My prediction is that even if Reform win, the native UK people will still lose.

K said...

and starmer has now pulled gordon brown back into the labour machine. Talk about pis*ing on the British voters.
https://www.telegraph.co.uk/politics/2026/05/09/starmer-turns-to-gordon-brown-to-save-faltering-premiership/

Ewan McGregor said...

In many respects we are seeing something today akin to the uncertainties and resulting global political convulsions of the 1930s. The discontent, then, was the result of economic collapse, with many losing their livelihoods. No democratic government, whether it be of the left or right, survived the depression, and in some cases, nor even democracy itself, Germany being the obvious, and tragic, example.

Today, indeed, since WW2, the developed and developing (e.g. China and India) nations have experience unprecedented prosperity, and for the majority, peace, the result of collective agreements, underpinned by American participation and power. But today there is a nervousness abroad, the result of American turning inwards, its power proving suspect (e. g., Trump’s unresolved war with Iran, a country with a defence budget just 1% of that of the U S.) People are angry and discontented, with uncertainties in terms of not just the peaceful co-existence of nations, but, for instance, energy security, the opportunities and dangers of new technologies, immigration of different skin colour and/or culture, climatic challenges. As in the 1930s, this anger and confusion are causing people to react politically.

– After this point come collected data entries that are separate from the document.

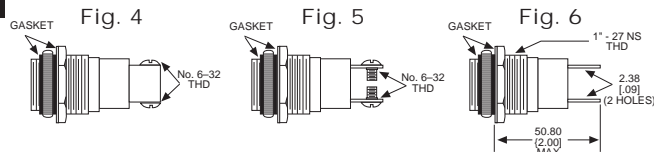

### General Description

Series	103
Configuration	OIL TIGHT
Description	LARGE OIL TIGHT PANEL INDICATOR
Cap Material And Shape	Torpedo, polycarbonate
Cap Finish Description	Unfrosted or Transparent
Cap Color Desc	Green
Metal Finish Desc	Satin Chrome
Built In Resistor Desc	None
Hardware Desc	Watertight

## 031 SERIES FOR 1" MOUNTING HOLE • FRICTION-FIT-CAP

BASE PART NO.	VOLTAGE	FIG
031-3101-01-101	6-250	1

Uses:  
S-6  
CANDELABRA  
SCREW BASE  
INCANDESCENT  
LAMP

CAP PART NO.	COLOR	FIG	CAP PART NO.	COLOR	FIG
031-0111-300	RED	2	031-0431-300	RED	3
031-0112-300	GREEN	2	031-0432-300	GREEN	3
031-0113-300	AMBER	2	031-0433-300	AMBER	3
031-0135-300	WHITE	2	031-0435-300	WHITE	3
031-0137-300	CLEAR	2	031-0437-300	CLEAR	3

## 051 & 080 SERIES FOR 1" MOUNTING HOLE • WATERTIGHT

BASE PART NO.	VOLTAGE	FIG
080-0901-05-303	6-250	4
080-3101-05-303	6-250	5
080-4001-05-303	6-250	6

Uses:  
S-6  
CANDELABRA  
SCREW BASE  
INCANDESCENT  
LAMP
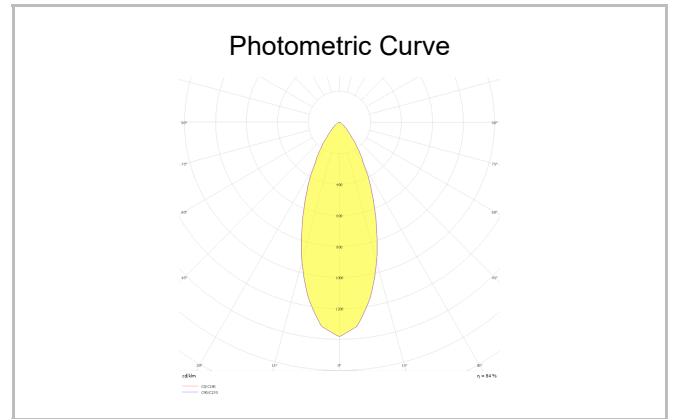

# Ozzo Trimless

OZZ 009 009 007T 8040 10 40 SD 40 00

Recessed Downlight & Spot Luminary

<b>Luminaire Group</b>	Downlight & Spot
<b>Mounting Type</b>	Recessed
<b>Luminaire Color</b>	RAL 9005 - RAL 9006 - RAL 9010
<b>Housing</b>	DKP Sheet
<b>Optics</b>	15° 30° 40° Reflector & Opal Diffuser
<b>Light Source</b>	LED
<b>Electrical Protection Class</b>	CLASS II
<b>IP</b>	44
<b>IK</b>	02
<b>Operating Temperature</b>	-20°C / +40°C
<b>Luminous Flux</b>	630
<b>Consumption Power</b>	7
<b>Luminaire Efficiency</b>	90 lm/W
<b>Color Rendering (CRI)</b>	>80
<b>Light Color Temperature (CCT)</b>	2700K/3000K/4000K/6500K
<b>Color Tolerance</b>	< 3 SDCM
<b>Driver Type</b>	On/Off
<b>Driver Brand</b>	Tridonic
<b>LED Brand</b>	Samsung
<b>Input Voltage / Frequency</b>	220-240 V AC 50/60 Hz
<b>Power Factor</b>	>0.9
<b>Surge</b>	1kV
<b>THD (AKIM)</b>	>%20
<b>LED life</b>	>70.000 hours
<b>Option</b>	On-Off / Dali / 1-10V / With Emergency Kit

SKU	Product Code	Power (W)	Luminous Flux (LM)	CRI	CCT (K)	Optics	Dimensions (mm)
13500049	OZZ 009 009 007T 8040 10 40 SD 40 00	7	630	>80	4000	40° Reflector	93x93x98

So, we see right-wing protest parties suddenly gaining wider, and possibly decisive electoral support, the U K and Australia for example. This is unlikely in the United States, where there is a constitutional component which has entrenched the two main parties, where individuals can, though not compulsorily, register publicly as either Democrat of Republican. There the Americans have already expressed their discontent by electing Trump not once but twice, though albeit narrowly. Now polls indicate that there, too, is likely to be a major electoral shift, in that case from right to left.

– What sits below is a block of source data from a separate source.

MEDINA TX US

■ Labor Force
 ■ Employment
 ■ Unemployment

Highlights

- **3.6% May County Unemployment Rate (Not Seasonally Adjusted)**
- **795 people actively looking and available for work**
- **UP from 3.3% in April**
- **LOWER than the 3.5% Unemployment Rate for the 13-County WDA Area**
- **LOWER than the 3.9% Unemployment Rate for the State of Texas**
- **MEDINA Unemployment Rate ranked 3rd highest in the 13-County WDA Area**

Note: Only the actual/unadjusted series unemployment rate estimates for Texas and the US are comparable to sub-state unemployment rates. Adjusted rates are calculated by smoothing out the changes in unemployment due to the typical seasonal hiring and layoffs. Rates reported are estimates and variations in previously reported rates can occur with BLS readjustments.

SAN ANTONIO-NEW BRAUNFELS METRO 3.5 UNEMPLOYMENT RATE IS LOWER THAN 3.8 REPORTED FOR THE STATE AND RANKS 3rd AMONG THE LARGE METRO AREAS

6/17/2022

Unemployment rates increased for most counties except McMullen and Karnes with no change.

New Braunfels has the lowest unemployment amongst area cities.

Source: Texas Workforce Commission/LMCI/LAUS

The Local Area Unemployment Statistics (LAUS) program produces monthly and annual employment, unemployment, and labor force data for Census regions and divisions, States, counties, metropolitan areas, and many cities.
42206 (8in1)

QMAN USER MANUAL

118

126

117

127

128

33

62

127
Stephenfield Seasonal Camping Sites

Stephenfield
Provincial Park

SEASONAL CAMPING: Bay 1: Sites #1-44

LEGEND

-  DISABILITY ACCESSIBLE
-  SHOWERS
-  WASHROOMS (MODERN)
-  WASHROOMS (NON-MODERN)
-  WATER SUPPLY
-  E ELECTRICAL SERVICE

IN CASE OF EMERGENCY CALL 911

Where New Zealand goes this coming election is anyone’s guess. A return of National, perhaps with diminished support in favour of one or both of its coalition partners, or a return to a Labour, Green, Māori Government, disagreeable as that would be? Time will tell.

Clive Bibby said...

Your slip is showing Ewan.
You are incapable of acknowledging the truth where anything involving Trump is involved and will argue black is white if there is even a remote possibility of the Democrats winning at the Mid Terms. In fact they will lose in spite of Trump.
Who in their right mind would vote for a leaderless mob with no alternative plans for the Nation’s future.
My guess is that the recent Australian and UK wipeout will be repeated but in the US elections but in that case it will be the incumbent that benefits.
Contrary to the MSM polls you refer to, the most reliable US pollsters (Trafalgar and Associates) are predicting a different result and this is at a time when the Trump administration has yet to see the political benefits of a successful conclusion to the Iran war, a consequential drop in fuel prices and the financial windfalls available to all families as a result of the Big Bill adjustments.
Even the most left wing US commentators are finding difficulty trying to reconcile their false promotion of Trump failures with reality.
The only thing you got right is your comment that “ time will tell.”
Like all the rest of the TDS mob, you should prepare for a shock.
It is inevitable as night follows day.